Case Presentation: A 55-year-old female with alcohol use disorder and untreated hyperthyroidism was admitted to an outside hospital for abdominal pain, atrial fibrillation with heart rate in the 190’s, and hypotension requiring vasopressors and ICU care. Work up revealed low TSH (< 0.010 [range: 0.450 - 5.330]) and elevated free T4 (FT4) (4.74 [range: 0.60 - 1.60]) concerning for thyroid storm. She developed progressive organ dysfunction with transaminitis, acute kidney injury (AKI), and stress cardiomyopathy with ejection fraction of 20%. Methimazole and metoprolol tartrate were initiated; but, methimazole was discontinued after two days due to worsening transaminitis.
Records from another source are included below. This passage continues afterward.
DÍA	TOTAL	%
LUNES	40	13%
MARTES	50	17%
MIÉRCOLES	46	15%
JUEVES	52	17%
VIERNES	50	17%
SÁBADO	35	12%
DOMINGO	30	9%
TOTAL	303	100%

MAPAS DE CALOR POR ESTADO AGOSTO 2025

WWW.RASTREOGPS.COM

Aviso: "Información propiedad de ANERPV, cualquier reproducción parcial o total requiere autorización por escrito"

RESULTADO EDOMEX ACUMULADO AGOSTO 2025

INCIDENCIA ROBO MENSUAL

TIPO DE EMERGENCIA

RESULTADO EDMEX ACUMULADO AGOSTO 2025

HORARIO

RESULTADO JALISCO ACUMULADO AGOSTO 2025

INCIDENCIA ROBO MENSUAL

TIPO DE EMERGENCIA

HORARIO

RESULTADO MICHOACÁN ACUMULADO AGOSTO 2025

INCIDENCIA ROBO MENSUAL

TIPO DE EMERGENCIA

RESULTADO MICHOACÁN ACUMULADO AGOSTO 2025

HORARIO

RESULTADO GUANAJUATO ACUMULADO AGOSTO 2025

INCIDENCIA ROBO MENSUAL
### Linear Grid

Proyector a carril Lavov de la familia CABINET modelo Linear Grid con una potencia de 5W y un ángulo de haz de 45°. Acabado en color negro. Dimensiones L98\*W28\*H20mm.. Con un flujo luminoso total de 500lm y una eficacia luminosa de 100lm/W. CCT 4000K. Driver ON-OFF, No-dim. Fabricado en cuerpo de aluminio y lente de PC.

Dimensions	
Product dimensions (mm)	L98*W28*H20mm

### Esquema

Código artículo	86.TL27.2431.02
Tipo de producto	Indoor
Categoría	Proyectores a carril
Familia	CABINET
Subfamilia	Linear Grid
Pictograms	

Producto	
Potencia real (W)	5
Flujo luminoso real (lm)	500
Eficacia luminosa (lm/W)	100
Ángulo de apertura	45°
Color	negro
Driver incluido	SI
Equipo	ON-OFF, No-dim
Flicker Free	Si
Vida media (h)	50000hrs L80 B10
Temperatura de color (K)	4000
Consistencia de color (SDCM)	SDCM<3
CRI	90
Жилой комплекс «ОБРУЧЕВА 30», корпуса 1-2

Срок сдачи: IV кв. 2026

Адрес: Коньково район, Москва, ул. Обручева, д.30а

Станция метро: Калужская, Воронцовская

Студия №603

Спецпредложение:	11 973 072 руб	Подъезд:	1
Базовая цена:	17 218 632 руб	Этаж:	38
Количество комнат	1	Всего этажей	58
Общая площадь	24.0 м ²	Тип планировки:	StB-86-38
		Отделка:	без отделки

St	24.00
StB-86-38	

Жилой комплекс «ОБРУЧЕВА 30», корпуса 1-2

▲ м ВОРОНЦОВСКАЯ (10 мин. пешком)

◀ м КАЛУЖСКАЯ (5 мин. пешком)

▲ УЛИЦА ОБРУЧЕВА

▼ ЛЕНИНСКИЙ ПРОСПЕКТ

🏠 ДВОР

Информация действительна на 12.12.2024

On hospital day 3, she was transferred to our facility. On arrival, she was obtunded, ill-appearing, responsive only to noxious stimuli, with atrial fibrillation and rates in the 120’s, cool and dry distal extremities, hypothermia (96F), and a palpable, enlarged thyroid. Labs revealed lactic acidosis, transaminitis, AKI, low TSH (< 0.010) and elevated FT4 (3.71). She started on IV hydrocortisone, saturated solution of potassium iodine, and cholestyramine for thyroid storm, and a short course of epinephrine infusion for cardiogenic shock. Methimazole was held due to transaminitis. Given lack of improvement despite these interventions, the patient received plasmapheresis for rapid reduction of FT4. After two sessions of plasmapheresis FT4 decreased to 0.98 (from 3.71). Methimazole was reinitiated as transaminitis resolved, and propranolol was started for rate control for atrial fibrillation. Her FT4 further decreased to 0.53, and her mentation began to improve.  She transferred out of the ICU and later underwent total thyroidectomy for definitive management. Post-operative PTH and calcium levels were normal. Ejection fraction improved to 38%. The patient was discharged on Levothyroxine and with plans for close follow-up with Endocrinology, Cardiology, and Surgery.
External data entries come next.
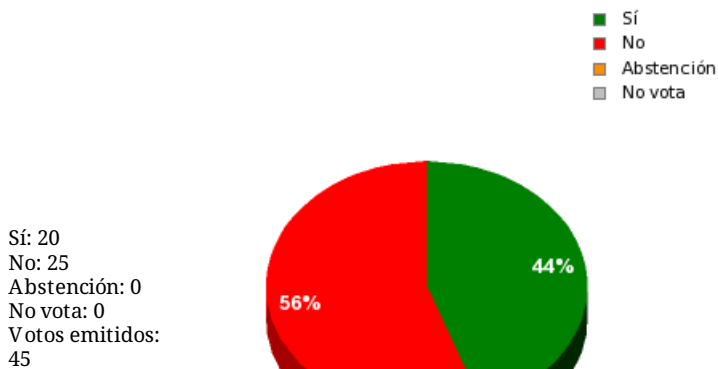

17/11/2017 - 15:25:30

Boletín de convocatoria: 10B-1209

Diario de sesiones: 10J137

Propuesta 25909

Resultados totales

Resultados por grupo parlamentario

GPS

Sí: 0
 No: 14
 Abstención: 0
 No vota: 0
 Votos emitidos: 14

GPIU

Sí: 5
 No: 0
 Abstención: 0
 No vota: 0
 Votos emitidos: 5

GPFA

Sí: 3
 No: 0
 Abstención: 0
 No vota: 0
 Votos emitidos: 3

GPP

Sí: 0
 No: 11
 Abstención: 0
 No vota: 0
 Votos emitidos: 11

GPPOD

Sí: 9
 No: 0
 Abstención: 0
 No vota: 0
 Votos emitidos: 9
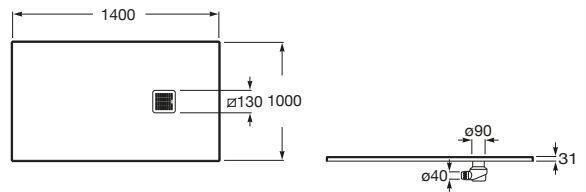

TERRAN

Plato de ducha extraplano de STONEX®

MEDIDAS

Longitud 1400 mm
 Anchura 1000 mm
 Altura 31 mm

COLORES Y ACABADOS

10 Blanco

PVPR (IVA INCLUIDO)

732,05 €

DIBUJOS TÉCNICOS

CARACTERÍSTICAS

Superficie texturizada antideslizante. Extraplano. Incluye desagüe de gran caudal.

Desagüe incluido

Diámetro del desagüe (mm): 90

Forma: Rectangular

Material: STONEX®

Profundidad: Extraplano (menos de 45 mm)
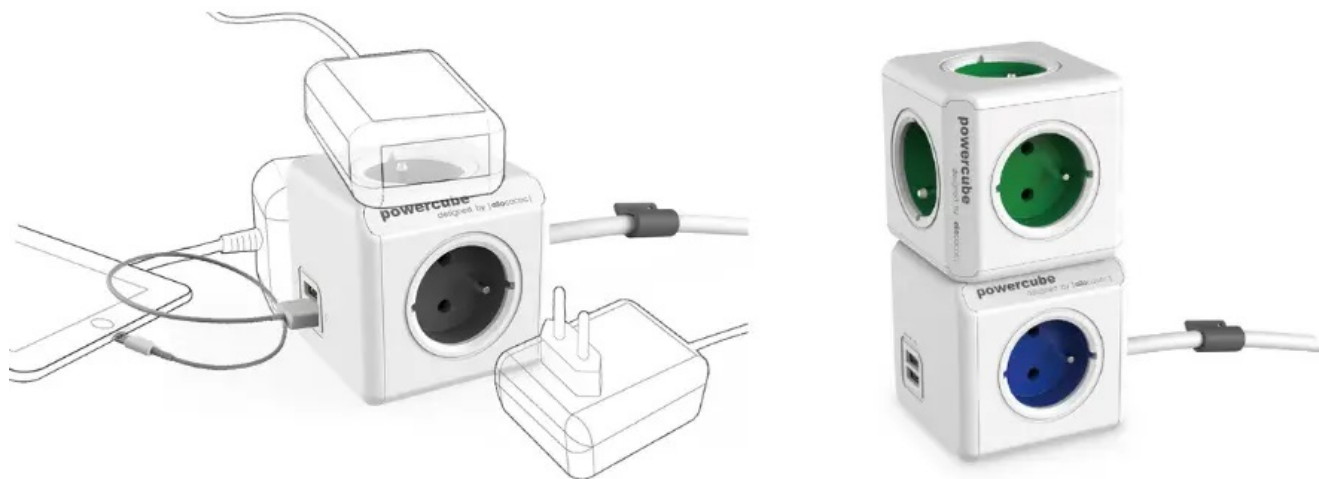

CUBENEST POWERCUBE EXTENDED USB PD 20W 1,5M BÍLO-ŠEDÁ

Cena celkem:	600 Kč (bez DPH: 496 Kč)
Běžná cena:	660 Kč
Ušetříte:	60 Kč
Kód zboží:	CUBAD0008
Part No.:	PC420GY
Záruka:	24 měs.
Stav:	Nové zboží

Popis

CubeneSt PowerCube Extended - stylová zásuvka pro univerzální nabíjení

Nová generace **napájecí zásuvky CubeneSt PowerCube Extended**, která podporuje nejenom spolehlivé nabíjení zařízení, ale také **lepší organizaci kabelů**. Pro napájení využívá inovativní **technologie PD - Power Delivery** a umožňuje stabilní a rychlý přísun energie o **výkonu až 20 W**. Díky tomu je napájení smartphonu, tabletu, notebooku a dalších zařízení výrazně zkráceno. **CubeneSt PowerCube Extended** se vyznačuje originálním designem, který obsahuje **dvojici portů USB (USB-A a USB-C)** a 4 zásuvky v **kompaktním provedení**.

Umístění zásuvek je navrženo tak aby nedocházelo k blokadě jednotlivých adaptérů. Všechny dostupné zásuvky a porty tak můžete využívat najednou. **Model CubeneSt PowerCube Extended** je zhotoven z **odolného plastu, certifikována** a samozřejmě vybaven **dětskou pojistkou**. Představuje praktické i designové řešení do domácnosti i kanceláře. Model CubeneSt PowerCube Extended je vybaven **prodlužovacím kabelem o délce 1,5 metrů**, takže zásuvky mnohem lépe umístíte v prostoru, například nad i pod stůl, za monitor apod.

Cubenest PowerCube Extended USB PD 20 W 1,5 m

Cubenest PowerCube Extended je unikátní **kombinací čtyř zásuvek, jednoho portu USB, jednoho USB-C a 1,5m prodlužovacího kabelu** v kompaktním a stylovém těle pro nabíjení vašich zařízení. Technologie **Power Delivery 3.0** nabízí inteligentní a rychlé nabíjení s automatickým přizpůsobením výkonu **až do 20 W** v režimech 5, 9 a 12 V. Promyšlené rozmístění zásuvek zajišťuje, že se nabíječky nebo objemné adaptéry navzájem neblokují. Samozřejmostí je tepelná, přepětová, proudová a zkratová ochrana.
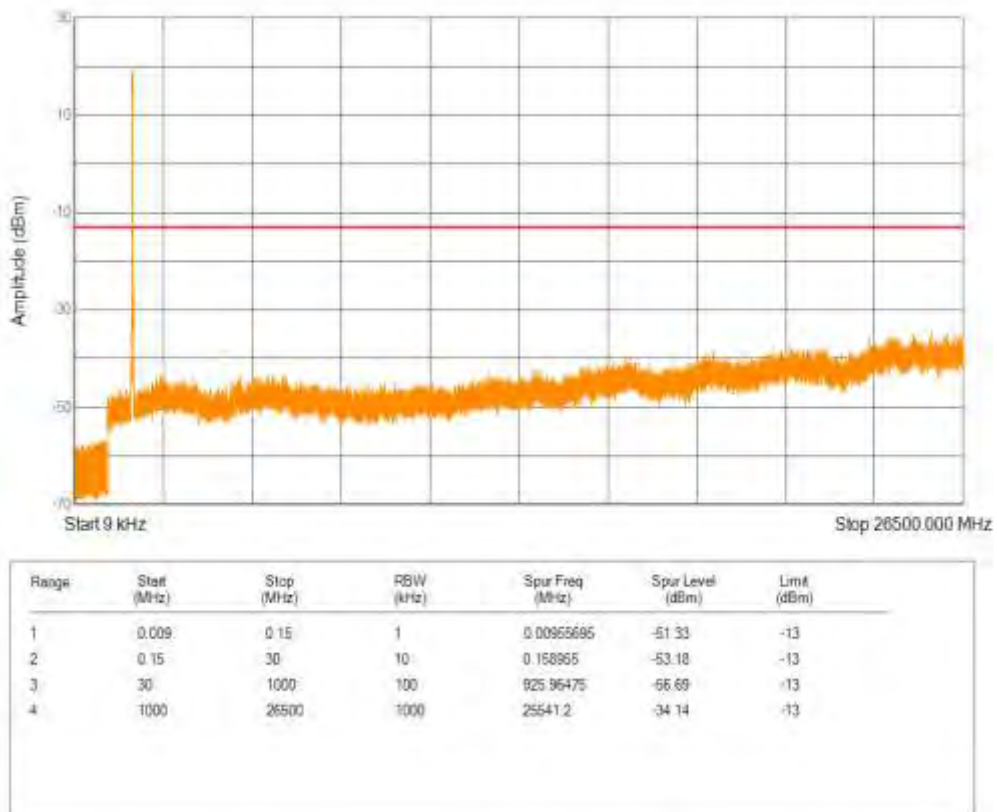

Band4 QPSK BW=20MHz Channel=20300 RB Size=100 Position=#0

Discussion: Thyroid storm is typically managed with a beta blocker to manage increased adrenergic tone, a thionamide to block synthesis of new thyroid hormone, an iodinated solution to block the release of additional thyroid hormone, bile acid sequestrants to decrease enterohepatic recycling of thyroid hormone, and glucocorticoids to reduce the conversion of T4 to T3, promote vasomotor stability, and cover for relative adrenal insufficiency (2). This case highlights that plasmapheresis can also be pursued for treatment when traditional therapies are ineffective or contraindicated, such as in this case with worsening transaminitis on methimazole. Plasmapheresis is thought to work in thyroid storm by removing cytokines, antibodies, and thyroid hormones from circulation; however, the effects last for only about 24-48 hours (2). Therefore, plasmapheresis is typically used in emergent situations to stabilize patients for definitive treatment with thyroidectomy.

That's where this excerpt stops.